4.5 KESIMPULAN DAN SARAN
4.5.1 Kesimpulan
Berdasarkan hasil percobaan dan analisa data, dapat disimpulkan beberapa
hal yaitu :
1. Heat treatment adalah proses pendinginan dan pemanasan yang terkontrol
terhadap logam, yang disesuaikan dengan tujuan pemakaiannya.
2. Tujuan dari heat treament antara lain :
a. Untuk mempersiapkan material untuk pengolahan berikutnya.
b. Mempermudah proses machining.
c. Untuk mengurangi kebutuhan daya pembentukan dan kebutuhan
energi.
d. Memperbaiki sifat keuletan material dan kekuatan material, dimana
dalam hal ini merupakan fungsi dari kandungan karbon yang terkandung dalam
material.
e. Meningkatkan kekerasan dan tegangan tarik.
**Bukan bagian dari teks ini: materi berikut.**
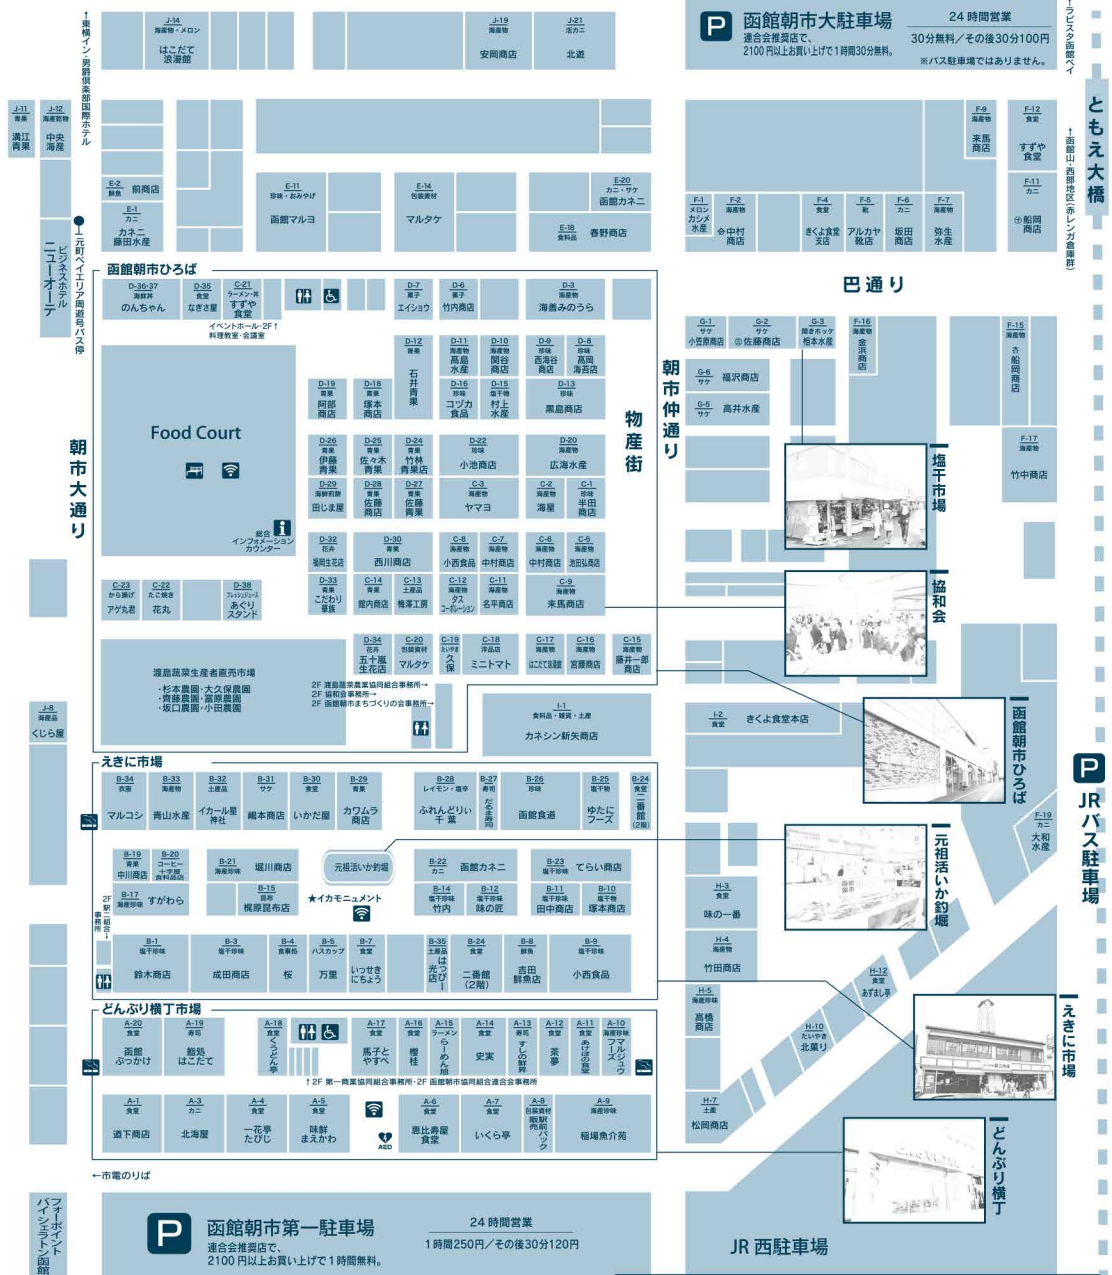

# 函館朝市連合会 推奨店 地図

# morning market map

- どんぶり横丁市場**
- A-1 道下商店 22-6086
  - A-3 北海屋 22-1006
  - A-4 一花亭 たびじ 27-6171
  - A-5 味鮮 まえかわ 23-3057
  - A-6 恵比寿屋食堂 23-1602
  - A-7 函館朝市 いくら亭 23-3422
  - A-8 駅前バック販売 23-1681
  - A-9 稲場魚介苑 22-4585
  - A-10 (有) マルジュウフーズ 23-5335
  - A-11 朝市あけぼの食堂 27-0502
  - A-12 茶夢 27-1749
  - A-13 すしの鮮界 84-1011
  - A-14 お食事処 史実 23-6479
  - A-15 らーめん 旭朝市店 27-1700
  - A-16 櫻桂 26-0612
  - A-17 寿司屋 馬子とやすべ 26-4404
  - A-18 くらうどん亭 26-3055
  - A-19 鮎越はこだて 22-5333
  - A-20 朝市食堂 函館ぶっかけ 27-0841
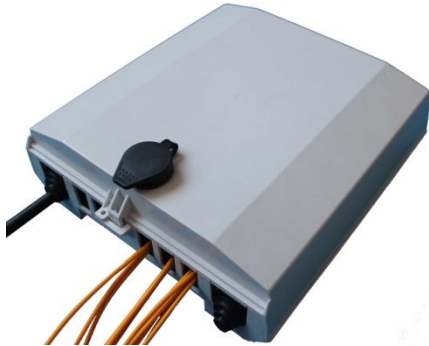

## DIGITUS® LWL-Distributionsbox für 4x SC Simplex, 4x LC Duplex

✓ Wandmontage

✓ Sicherheitsschloss

✓ Wiederverwendbar

✓ 4x SC Simplex, 4x LC Duplex

### Kurzbeschreibung

DIGITUS® LWL-Distributionsbox für 4x SC Simplex, 4x LC Duplex, 48 Spleiße, Farbe Grau (RAL 7035)

### Features

- Außeneinsatz
- Wandmontage
- Sicherheitsschloss
- Akzeptiert Hohlräum-Verteilerkabel
- Biegeradius-Schutz
- Stabile und langanhaltende Konstruktion, UV beständig
- Resistenz vor Stößen und Erschütterungen
- Tür mit sicherem Mechanismus
- Design für kleine und mittelgroße Mengen an LWL-Kabeln
- Komplette Frontinstallation
- Geeignet für Ausbreitung der Kapazität
- Wiederverwendbar
- Abmessungen (HxBxT): 84,5x235x272.5 mm
- Kabelports: 2 Innenports (für Kabel mit max. 2,5 mm Durchmesser)
- Kapazität: 48 Spleiße (4x 12 Spleiße)
- PLC-Splitter: 1x8, 1x16 PLC-Splitter
- Adapter Kapazität: 24x SC Simplex Adapter

Sie kann mit vorinstallierten SC-Adaptern geliefert werden. Die Box ist einfach zu installieren und kann an die Wand montiert werden. Der Inhalt kann konfiguriert werden. Der Lieferumfang enthält alle notwendigen Zubehörteile für die Boxinstallation.
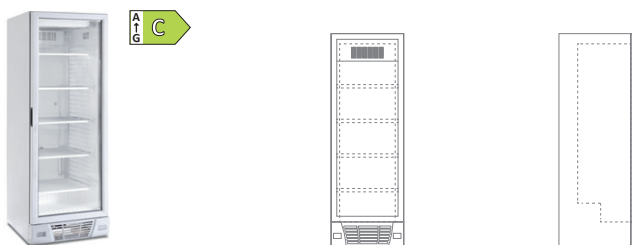

Articolo 128

Congelatori a vetrina verticali

Temperatura	-18°C / -24°C
Dimensioni Esterne (LxPxH)	640 x 670 x 1875 mm
Dimensioni Imballo (LxPxH)	650 x 710 x 1975 mm
Volume Netto lt	361 Lt
Volume Lordo lt	382 Lt
Pagina Catalogo	P26

€ 1.667,00
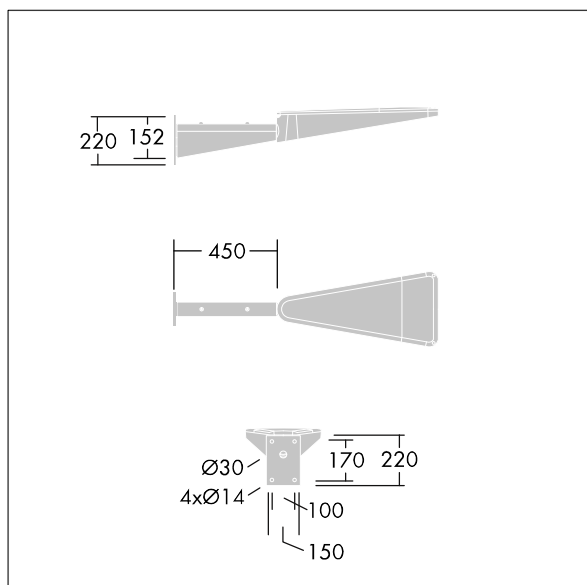

Urba

96270897 <URBA MWA 0,45 ANT

THORN

Urba

Support galvanisé acier Mur. Bras 450mm. Peinture gris foncé.

TLG_URBA_F_WALLBRKT450GY.jpg

TLG_URBA_M_600_C3.wmf

Toutes les valeurs marquées d'un * sont des valeurs nominales. Sauf indication contraire, les valeurs sont applicables pour une température ambiante de 25 °C.
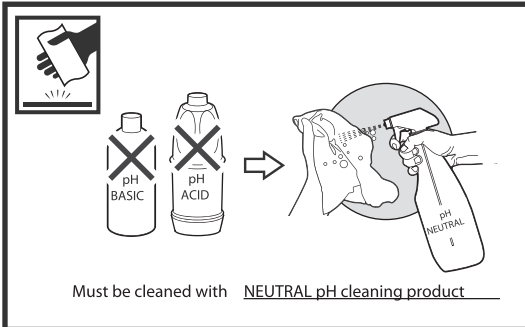

3

4

5

6

1383

Roca Sanitario, S.A.  
Avda. Diagonal, 513  
08029 Barcelona  
SPAIN  
www.roca.com

933 661 266 LÍNEA DE ATENCIÓN  
AL CONSUMIDOR  
ESPAÑA  
SERVICIO TÉCNICO  
ESPAÑA

productsupport.rs@roca.net  
soporteproducto.rs@roca.net
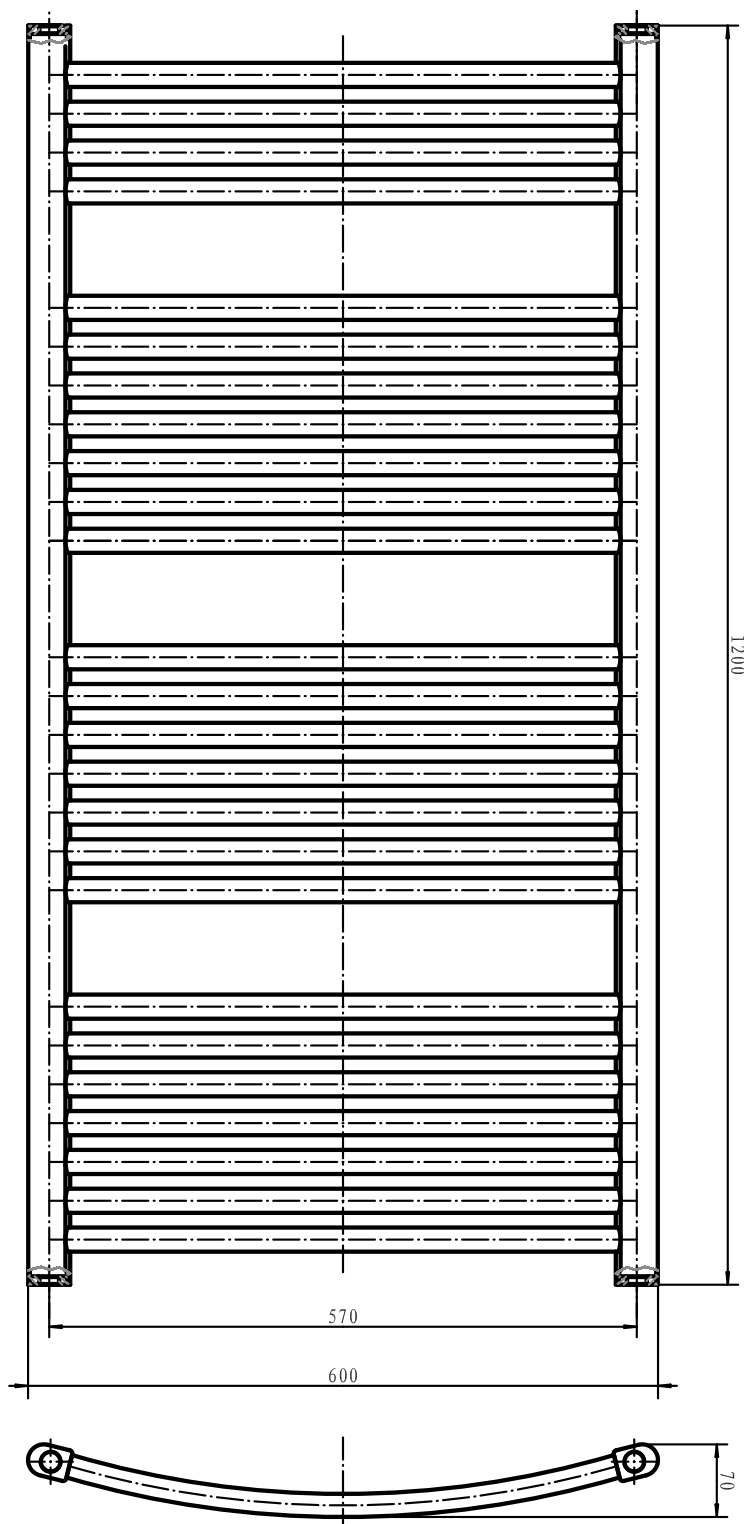

Caldo

H1 200 x B600 mm

Svängd modell, runda rör

Förkromad, Art nr 8760016

3. Pendinginan yang cepat akan meningkatkan kekerasan sedangkan pendinginan
lambat kekerasannya kurang optimal.
4. Proses-proses dalam Heat treatment pada suatu material antara lain :
1. Untuk memperbaiki sifat kekerasan material ( hardening ) :
Surface Hardening(pengerasan permukaan)
1. Dengan penambahan zat
a. Karburasi
b. Nitriding
c. Karbonitriding
d. Sianiding
e. Chromizing
f. Siliconizing
2. Tanpa Penambahan Zat
(a.) Flame Hardening
(b.) Induction Hardening
(c.) Laser and Electron Beam Hardening
Quenching
2.) Untuk memperbaiki sifat keuletan material ( softening ) :
a.) Anneling
b.) Normalizing
c.) Tempering
e. Dari data hasil percobaan didapat nilai kekerasan :
Baja ST 40 perlakuan air < non perlakuan>pendinginan oli > pendinginan
udara
Baja ST 60 perlakuan air > perlakuan oli > non perlakuan > pelakuan
udara
Besi cor perlakuan oli > perlakuan air > non perlakuan > perlakuan
udara
4.5.2 Saran
1. Waktu dan temperatur setiap material supaya diperhatikan selama
proses Heat Treatment.
2. Pada saat proses pendinginan setelah heat treatment, supaya
diperhatikan temperatur setiap perlakuan pada material tersebut.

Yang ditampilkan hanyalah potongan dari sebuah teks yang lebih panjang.